Scarica qui l’omelia completa dell’Arcivescovo per la Messa nell’Ottavario di santa Caterina
Fonte www.chiesacattolica.it
Di seguito il Messaggio di auguri del Consiglio Episcopale Permanente al Santo Padre in occasione del dodicesimo anniversario dell’elezione al Soglio pontificio
«Poiché Mosè sentiva pesare le mani, presero una pietra, la collocarono sotto di lui ed egli vi si sedette, mentre Aronne e Cur, uno da una parte e l’altro dall’altra, sostenevano le sue mani».
(Es 17,12)
Beatissimo Padre,
nel fare memoria dei Suoi dodici anni di Pontificato, ci è sembrato che questa immagine tratta dal libro dell’Esodo si adatti bene al momento che Lei sta vivendo. Nel lungo cammino nel deserto, infatti, il Popolo di Dio ha incontrato tanti ostacoli. L’episodio raccontato in questo capitolo di Esodo, in particolare, ne mette in luce due: uno interiore e uno esteriore. Il primo riguarda la sfiducia nei confronti di Dio, la “mormorazione” (vv. 1-7); il secondo, lo scontro con gli Amaleciti, uno dei popoli più agguerriti contro Israele (vv. 8-16). Il giovane Giosuè viene inviato sul campo a fronteggiare il nemico. Ma Mosè sa che questo non basta. Serve piuttosto la preghiera: «Domani io starò ritto sulla cima del colle, con in mano il bastone di Dio» (Es 17,9). Quello che Mosè non poteva immaginare è che la battaglia sarebbe stata lunga e che la stanchezza avrebbe potuto metterlo alla prova. Il racconto dice che, a questo punto, qualcuno si prende cura di lui e lo fa accomodare su una sede solida, mentre i suoi collaboratori più stretti lo sostengono nella preghiera.

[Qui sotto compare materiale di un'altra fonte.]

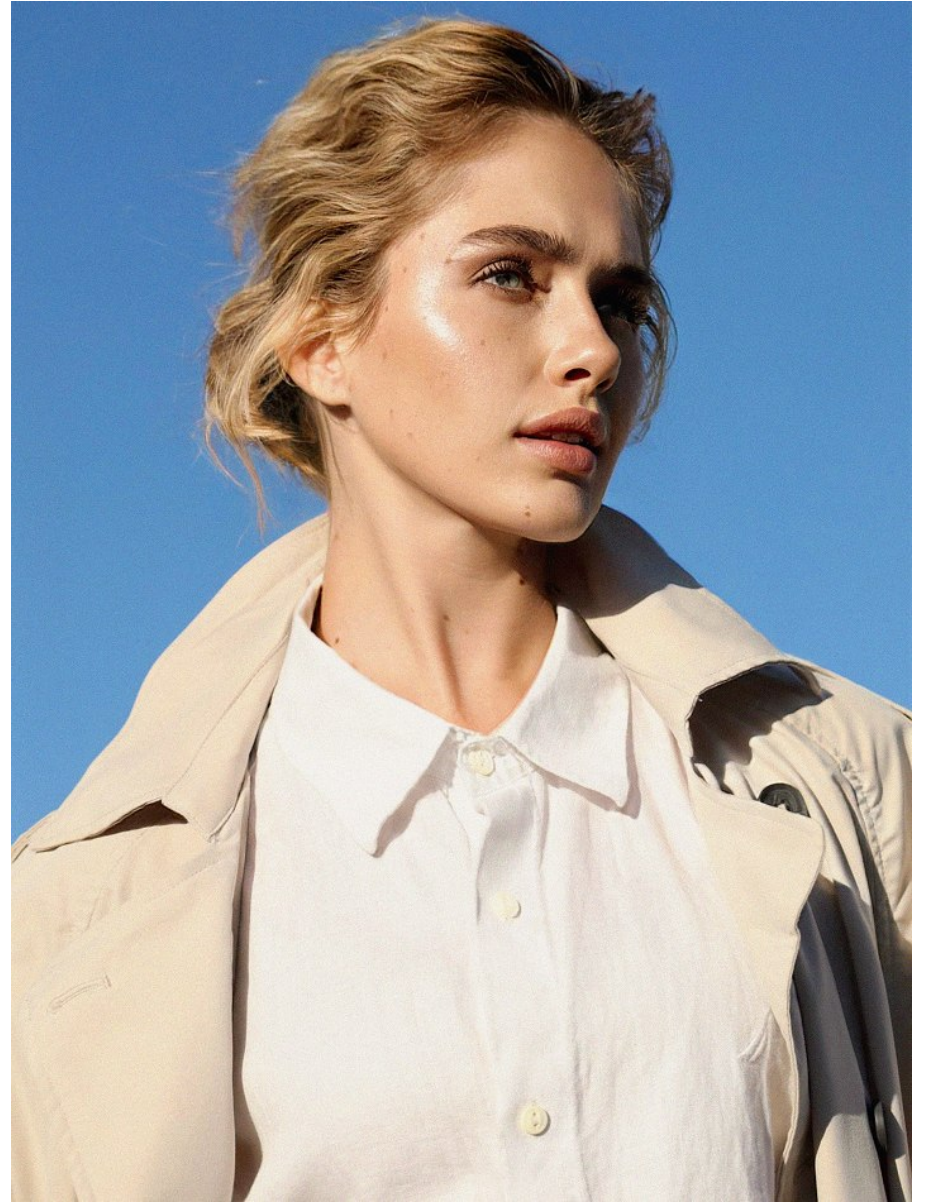

BOSS MODELS

JOHANNESBURG

MIEKA SMITH

Height: 177cm Bust: 85cm Waist: 62cm Hips: 93cm Shoe: 6 UK Hair: Blonde Eyes: Blue

Ci pare di cogliere in questa narrazione una pagina di stretta attualità legata al Suo momento storico. Se da una parte c’è la stanchezza per la condizione di salute e per la degenza, dall’altra vediamo nel letto del Gemelli una cattedra solida del Suo luminoso magistero di unità e di carità. Al contempo, proprio come Aronne e Cur, teniamo le Sue mani nella preghiera di affidamento al Signore.
Grazie, Santità, per la Sua testimonianza e per la forza che continua a trasmettere a tutti noi. Le assicuriamo il nostro sostegno e continuiamo a fare nostra la Sua stessa invocazione: preghiamo con Lei e per Lei.
Questo anniversario diventa, dunque, motivo di ulteriore gratitudine al Signore, che è Signore del tempo e della storia. RinnovandoLe la nostra vicinanza, Le assicuriamo l’affetto delle Chiese che sono in Italia. Auguri, Santità.